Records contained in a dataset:
^^^^^^^^^^^^^^^^
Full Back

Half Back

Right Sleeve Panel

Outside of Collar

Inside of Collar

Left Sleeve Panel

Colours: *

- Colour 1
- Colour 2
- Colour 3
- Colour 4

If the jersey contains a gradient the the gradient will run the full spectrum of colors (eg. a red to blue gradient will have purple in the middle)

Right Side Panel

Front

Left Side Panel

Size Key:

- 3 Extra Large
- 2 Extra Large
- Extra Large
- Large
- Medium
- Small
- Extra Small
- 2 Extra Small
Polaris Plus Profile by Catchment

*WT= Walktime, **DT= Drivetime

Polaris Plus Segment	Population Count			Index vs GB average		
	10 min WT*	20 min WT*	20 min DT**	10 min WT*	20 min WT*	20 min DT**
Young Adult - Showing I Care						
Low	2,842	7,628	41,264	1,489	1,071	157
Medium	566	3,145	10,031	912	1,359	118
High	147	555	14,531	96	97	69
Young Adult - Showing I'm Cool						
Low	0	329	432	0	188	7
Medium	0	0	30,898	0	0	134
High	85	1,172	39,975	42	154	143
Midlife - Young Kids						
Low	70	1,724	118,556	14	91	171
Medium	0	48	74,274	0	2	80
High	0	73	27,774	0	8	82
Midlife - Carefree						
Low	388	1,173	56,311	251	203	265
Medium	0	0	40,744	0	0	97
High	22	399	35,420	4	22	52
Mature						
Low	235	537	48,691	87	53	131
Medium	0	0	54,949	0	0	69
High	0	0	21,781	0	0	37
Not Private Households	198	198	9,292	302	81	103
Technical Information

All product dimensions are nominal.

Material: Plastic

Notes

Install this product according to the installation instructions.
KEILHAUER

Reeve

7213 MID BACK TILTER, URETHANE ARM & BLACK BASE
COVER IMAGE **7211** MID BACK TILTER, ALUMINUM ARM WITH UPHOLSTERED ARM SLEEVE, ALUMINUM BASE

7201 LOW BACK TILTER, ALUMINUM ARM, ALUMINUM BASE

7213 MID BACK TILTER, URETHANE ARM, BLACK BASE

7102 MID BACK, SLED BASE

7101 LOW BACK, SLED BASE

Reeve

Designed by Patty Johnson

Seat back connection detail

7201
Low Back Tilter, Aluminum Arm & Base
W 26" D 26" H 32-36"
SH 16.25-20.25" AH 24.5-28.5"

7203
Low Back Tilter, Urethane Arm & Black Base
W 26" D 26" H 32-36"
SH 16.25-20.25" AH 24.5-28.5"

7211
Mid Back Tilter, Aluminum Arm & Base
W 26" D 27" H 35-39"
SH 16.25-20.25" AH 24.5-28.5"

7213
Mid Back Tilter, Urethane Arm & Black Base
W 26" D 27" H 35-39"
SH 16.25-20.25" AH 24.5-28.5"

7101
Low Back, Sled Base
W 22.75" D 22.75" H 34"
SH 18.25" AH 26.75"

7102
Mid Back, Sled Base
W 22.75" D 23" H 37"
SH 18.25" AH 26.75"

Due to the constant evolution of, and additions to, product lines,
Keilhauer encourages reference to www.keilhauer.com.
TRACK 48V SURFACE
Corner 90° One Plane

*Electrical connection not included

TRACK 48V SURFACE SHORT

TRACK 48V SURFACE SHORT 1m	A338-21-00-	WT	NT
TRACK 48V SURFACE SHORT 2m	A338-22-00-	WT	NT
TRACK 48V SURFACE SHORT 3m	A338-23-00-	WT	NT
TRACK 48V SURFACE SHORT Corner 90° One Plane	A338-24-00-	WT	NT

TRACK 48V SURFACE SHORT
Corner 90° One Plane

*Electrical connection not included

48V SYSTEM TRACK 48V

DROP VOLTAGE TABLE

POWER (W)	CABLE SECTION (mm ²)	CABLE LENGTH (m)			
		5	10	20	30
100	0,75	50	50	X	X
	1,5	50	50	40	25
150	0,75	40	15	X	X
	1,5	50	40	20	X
^^^^^^^^^^^^^^^^
* **Work task**
Without leaving anything out, transcribe the records above exactly.

* **Response below**
Full Back

Half Back

Right Sleeve Panel

Outside of Collar

Inside of Collar

Left Sleeve Panel

Colours: *

- Colour 1
- Colour 2
- Colour 3
- Colour 4

If the jersey contains a gradient the the gradient will run the full spectrum of colors (eg. a red to blue gradient will have purple in the middle)

Right Side Panel

Front

Left Side Panel

Size Key:

- 3 Extra Large
- 2 Extra Large
- Extra Large
- Large
- Medium
- Small
- Extra Small
- 2 Extra Small
Polaris Plus Profile by Catchment

*WT= Walktime, **DT= Drivetime

Polaris Plus Segment	Population Count			Index vs GB average		
	10 min WT*	20 min WT*	20 min DT**	10 min WT*	20 min WT*	20 min DT**
Young Adult - Showing I Care						
Low	2,842	7,628	41,264	1,489	1,071	157
Medium	566	3,145	10,031	912	1,359	118
High	147	555	14,531	96	97	69
Young Adult - Showing I'm Cool						
Low	0	329	432	0	188	7
Medium	0	0	30,898	0	0	134
High	85	1,172	39,975	42	154	143
Midlife - Young Kids						
Low	70	1,724	118,556	14	91	171
Medium	0	48	74,274	0	2	80
High	0	73	27,774	0	8	82
Midlife - Carefree						
Low	388	1,173	56,311	251	203	265
Medium	0	0	40,744	0	0	97
High	22	399	35,420	4	22	52
Mature						
Low	235	537	48,691	87	53	131
Medium	0	0	54,949	0	0	69
High	0	0	21,781	0	0	37
Not Private Households	198	198	9,292	302	81	103
Technical Information

All product dimensions are nominal.

Material: Plastic

Notes

Install this product according to the installation instructions.
KEILHAUER

Reeve

7213 MID BACK TILTER, URETHANE ARM & BLACK BASE
COVER IMAGE **7211** MID BACK TILTER, ALUMINUM ARM WITH UPHOLSTERED ARM SLEEVE, ALUMINUM BASE

7201 LOW BACK TILTER, ALUMINUM ARM, ALUMINUM BASE

7213 MID BACK TILTER, URETHANE ARM, BLACK BASE

7102 MID BACK, SLED BASE

7101 LOW BACK, SLED BASE

Reeve

Designed by Patty Johnson

Seat back connection detail

7201
Low Back Tilter, Aluminum Arm & Base
W 26" D 26" H 32-36"
SH 16.25-20.25" AH 24.5-28.5"

7203
Low Back Tilter, Urethane Arm & Black Base
W 26" D 26" H 32-36"
SH 16.25-20.25" AH 24.5-28.5"

7211
Mid Back Tilter, Aluminum Arm & Base
W 26" D 27" H 35-39"
SH 16.25-20.25" AH 24.5-28.5"

7213
Mid Back Tilter, Urethane Arm & Black Base
W 26" D 27" H 35-39"
SH 16.25-20.25" AH 24.5-28.5"

7101
Low Back, Sled Base
W 22.75" D 22.75" H 34"
SH 18.25" AH 26.75"

7102
Mid Back, Sled Base
W 22.75" D 23" H 37"
SH 18.25" AH 26.75"

Due to the constant evolution of, and additions to, product lines,
Keilhauer encourages reference to www.keilhauer.com.
TRACK 48V SURFACE
Corner 90° One Plane

*Electrical connection not included

TRACK 48V SURFACE SHORT

TRACK 48V SURFACE SHORT 1m	A338-21-00-	WT	NT
TRACK 48V SURFACE SHORT 2m	A338-22-00-	WT	NT
TRACK 48V SURFACE SHORT 3m	A338-23-00-	WT	NT
TRACK 48V SURFACE SHORT Corner 90° One Plane	A338-24-00-	WT	NT

TRACK 48V SURFACE SHORT
Corner 90° One Plane

*Electrical connection not included

48V SYSTEM TRACK 48V

DROP VOLTAGE TABLE

POWER (W)	CABLE SECTION (mm ²)	CABLE LENGTH (m)			
		5	10	20	30
100	0,75	50	50	X	X
	1,5	50	50	40	25
150	0,75	40	15	X	X
	1,5	50	40	20	X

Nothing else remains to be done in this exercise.